One month ago I would have said that would not be possible. Today it looks like a wild card that could come into play.

There is a biblical amount of liquidity available globally at a cost less than 1/2%. In that environment gold is an increasingly attractive asset class. Gold doesn’t pay interest, but neither do T Bills. India just said so. We will see more of this.

Would a move up in the price of gold against the major currencies precipitate policy responses by Central Banks?

I think it would. As much as they hate to admit it, every Central Banker for the past forty years has watched the price of gold. It is their ultimate barometer. The US would be the last to respond and reverse the emergency liquidity measures. But it will be increasingly difficult to defend QE when other reserve currencies have reversed their cheap money policies.

The markets have called all of the policy responses for the last two years. We might not be done with that cycle yet.
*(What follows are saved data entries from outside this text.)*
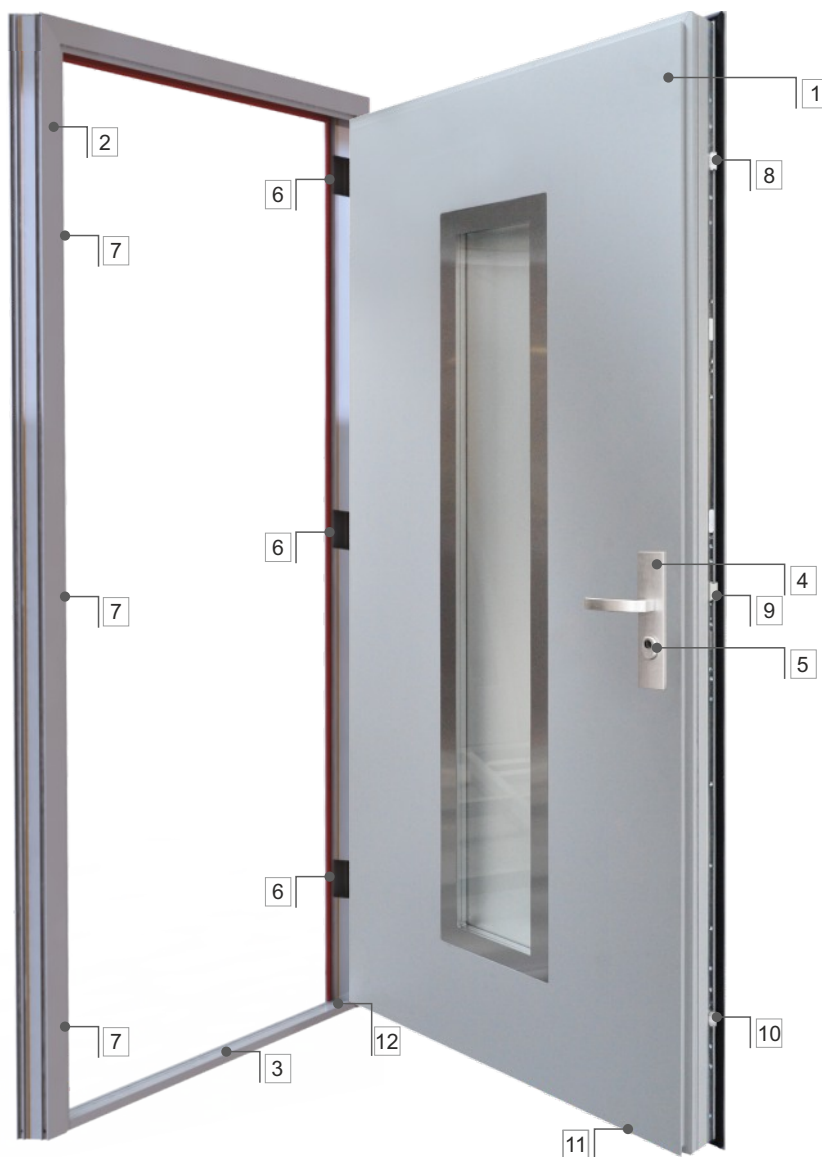

Izolacyjność
termiczna
Ud 0,8*

Grubość
skrzydła
88 mm

Wypełnienie:
wkład
z piany PUR

Spełniają wymogi
programu
„Czyste powietrze”

WYPOSAŻENIE PODSTAWOWE ZAWARTE W CENIE WP

*Dotyczy drzwi bez przeszklenia.

Podane ceny są cenami netto (+8% lub 23% VAT) za kompletne drzwi (skrzydło, ościeżnica, próg, klamka, wkładka)

Some thoughts from Mr. Bernanke from 2002 that I thought were relevant:

Like gold, U.S. dollars have value only to the extent that they are strictly limited in supply. But the U.S. government has a technology, called a printing press (or, today, its electronic equivalent), that allows it to produce as many U.S. dollars as it wishes at essentially no cost. By increasing the number of U.S. dollars in circulation, or even by credibly threatening to do so, the U.S. government can also reduce the value of a dollar in terms of goods and services, which is equivalent to raising the prices in dollars of those goods and services. We conclude that, under a paper-money system, a determined government can always generate higher spending and hence positive inflation.

Of course, the U.S. government is not going to print money and distribute it willy-nilly.




Note: These remarks were made in a speech titled Deflation: "Making Sure “It” Doesn’t Happen Here”. November 21, 2002. The full speech is here. The quote is from the fourth para. following the heading: Curing Deflation.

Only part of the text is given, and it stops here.